Personal information
- Nationality: South Korean
- Born: 27 February 1987 (age 38) Anyang, Gyeonggi-do
- Hometown: Seoul
- Height: 193 cm (6 ft 4 in)
- Weight: 89 kg (196 lb)
- Spike: 329 cm (130 in)
- Block: 320 cm (126 in)
- College / University: Kyonggi University

Volleyball information
- Position: Opposite spiker
- Current club: Uijeongbu KB Stars
- Number: 14

Career
| Years | Teams |
| 2009–2013 2013–2017 2017– | Woori Capital Dream Six OK Savings Bank KB Insurance Stars |

Honours
Asian Junior Championship
| Gold medal – first place | 2004 Doha |  |
Asian Youth Championship
| Silver medal – second place | 2005 Tehran |  |

= Kang Young-jun =

South Korean volleyball player (born 1987)

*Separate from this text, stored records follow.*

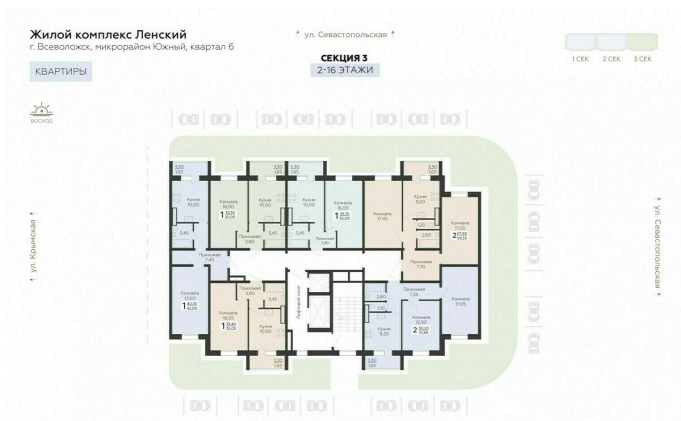

<https://rzv.ru/choice-flat/flat-6889034/>

г. Всеволожск, г. Всеволожск, Южный жилой район, квартал 6  
№ квартиры: 203  
Этаж: 3  
Площадь: 42 кв. м.

**Стоимость м2: 127 840**

**Стоимость: 5 369 280**

Действительно на: 23.02.2025

### Расположение на этаже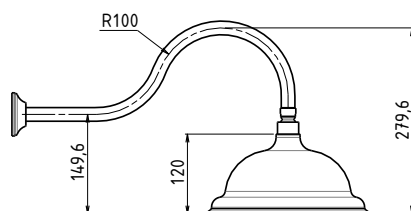

Bras de Douche - Style

ONEIROI

Bras de Douche Mural «1900» Pommeau Ø 250 mm

AD36902 supermirror

Bras de Douche Mural «RETRO» Pommeau Ø 250 mm

AD36912 supermirror

Finitions

■	acier brillant
	.101 acier brossé
Galvanique	.140 or
	.142 or rose
	.150 bronze brossé
Verni	.111 blanc
	.121 noir
	.210 corten
	.212 vert pastel RAL6019

Bras de Douche - Style

ONEIROI

Bras de Douche Mural «Arts and Crafts» Pommeau Ø 250 mm

AD36922 supermirror

Bras de Douche Mural «ART DECO» Pommeau Ø 250 mm

AD36932 supermirror

Finitions

	acier brillant
	.101 acier brossé
Galvanique	.140 or
	.142 or rose
	.150 bronze brossé
Verni	.111 blanc
	.121 noir
	.210 corten
	.212 vert pastel RAL6019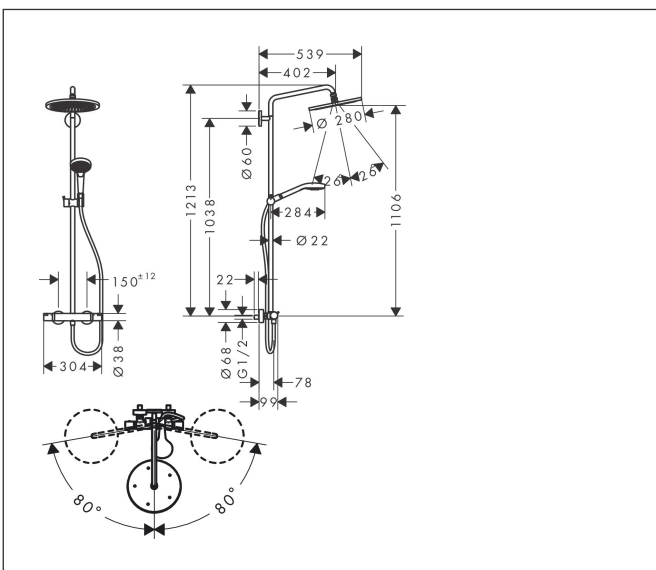

Merk	hansgrohe
Artikelnaam	Croma Select S Showerpipe 280 1jet met thermostaat en handdouche Raindance Select 120 3jet
Art.nr.	26890340
Oppervlakte	Brushed Black Chrome
Netto prijs	1.576,41 EUR

Product foto

Maat tekeningen

Kenmerken

- bestaat uit: hoofddouche, handdouche, douchethermostaat, doucheslang, schuifstuk, douchestang
- hoofddouche Croma 280
- afmeting straalplaatoppervlak hoofddouche: 280 mm
- straalsoort hoofddouche: RainAir volle zachte regenstraal
- functie van: 8,7 l/min
- doorstroomhoeveelheid Rain bij 3 bar: 11 l/min
- straalsoort handdouche: RainAir volle zachte regenstraal, Rain, Whirl intensieve massagestraal
- maximale doorstroomhoeveelheid van handdouche bij 3 bar: 14,5 l/min
- maximale doorstroomhoeveelheid voor Showerpipe bij 3 bar: 15 l/min
- minimale bedrijfsdruk: 1 bar
- maximale bedrijfsdruk: 10 bar
- kogelgewricht: hoek hoofddouche verstelbaar
- schuifstuk met hoogteverstelling
- lengte douchearm hoofddouche: 400 mm
- draaibare douchearm
- thermostaat Ecostat Comfort
- Veiligheidsblokkering bij 40°C
- SafetyFunctie: maximale warmwatertemperatuur vooraf instelbaar
- functies bediend met draaggreep
- opbouwmontage

Technologie

Straalsoorten

Merk hansgrohe
 Artikelnaam **Croma Select S** Showerpipe 280 1jet met thermostaat en handdouche Raindance Select 120 3jet
 Art.nr. 26890340
 Oppervlakte Brushed Black Chrome
 Netto prijs 1.576,41 EUR

Pos	Beschrijving	Art.nr.	Prijs
35	temperatuur regeleenheid	98282000	95,16
36	regeleenheid voor verwisselde aansluitingen	92373000	236,70
37	aanslagring voor bovendeeel	95927000	26,73
38	bovendeeel met omstelling	98283000	66,87
39	moeren set	96157340	40,14
40	terugslagklep (drukbestendig tot 2 MPa)	93136000	26,73
41	terugslagklep	96737000	26,73
42	zeefdichting	96922000	8,01
43	rozet Ø 68 mm	96467340	25,90
44	slagdemper	96429000	4,99
45	S-koppelingenset (±12 mm)	94140000	42,22
46	bevestigingsmateriaal	98716000	13,21
47	O-Ring 50x2	98187000	3,12
48	O-ring 20x2	98165000	3,12

Kang Young-jun (강영준; born ) is a South Korean male volleyball player. He currently plays for the Uijeongbu KB Insurance Stars.

==Career==
===Clubs===
Kang was selected first overall by the Woori Capital Dream Six in the 2009 V-League Draft.

Kang was drafted to expansion team OK Savings Bank Rush & Cash in the 2013 V-League Expansion Draft. Kang helped the team to win two consecutive championships serving as the backup opposite spiker to Robertlandy Simon.

After the 2016–17 season, Kang was traded to the KB Insurance Stars for Kim Yo-han.

===National team===
While attending Inchang High School in Guri, Kang was selected for the South Korean junior national team, which won the 2004 Asian Junior Volleyball Championship in Doha. At the 2005 Asian Youth Volleyball Championship in Tehran, Kang played as the starting opposite spiker and helped Team Korea to the gold medal match, where they lost to Iran. He was named the tournament's "Best Spiker".

As a senior at Kyonggi University in 2009, Kang got called up to the South Korean collegiate national team for the 2009 Summer Universiade in Belgrade, where the team finished in 10th place.